__DIRECTIONS FOR THIS TASK__.
From the records below, copy each line in which the string "Christian" occurs.

(Source data)

——————————

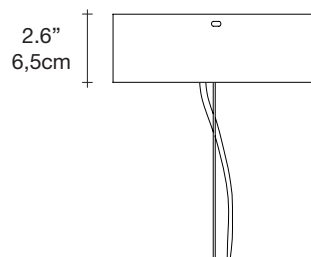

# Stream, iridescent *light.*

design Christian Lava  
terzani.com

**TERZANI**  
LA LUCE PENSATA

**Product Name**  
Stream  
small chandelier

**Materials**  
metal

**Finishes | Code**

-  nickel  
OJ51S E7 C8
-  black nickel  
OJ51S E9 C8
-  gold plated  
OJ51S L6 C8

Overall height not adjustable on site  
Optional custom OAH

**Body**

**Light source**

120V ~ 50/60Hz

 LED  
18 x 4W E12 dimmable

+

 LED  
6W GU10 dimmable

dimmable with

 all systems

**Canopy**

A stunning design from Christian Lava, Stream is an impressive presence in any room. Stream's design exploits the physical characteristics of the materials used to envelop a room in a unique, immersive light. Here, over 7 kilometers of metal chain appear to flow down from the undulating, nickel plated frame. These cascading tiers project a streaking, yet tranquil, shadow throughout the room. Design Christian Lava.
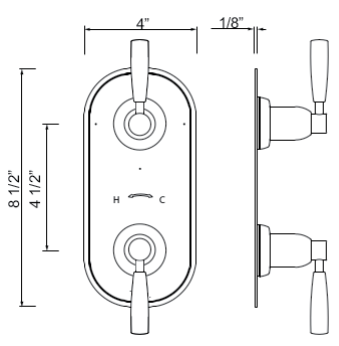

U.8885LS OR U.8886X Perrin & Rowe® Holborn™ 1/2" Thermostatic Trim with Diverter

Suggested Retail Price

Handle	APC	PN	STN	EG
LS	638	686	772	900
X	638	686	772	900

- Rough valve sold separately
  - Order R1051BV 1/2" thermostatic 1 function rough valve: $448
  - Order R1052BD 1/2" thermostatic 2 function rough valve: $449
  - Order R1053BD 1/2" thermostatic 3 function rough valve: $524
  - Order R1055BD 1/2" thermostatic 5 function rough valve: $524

——————————

__OUTPUT__.
design Christian Lava  
A stunning design from Christian Lava, Stream is an impressive presence in any room. Stream's design exploits the physical characteristics of the materials used to envelop a room in a unique, immersive light. Here, over 7 kilometers of metal chain appear to flow down from the undulating, nickel plated frame. These cascading tiers project a streaking, yet tranquil, shadow throughout the room. Design Christian Lava.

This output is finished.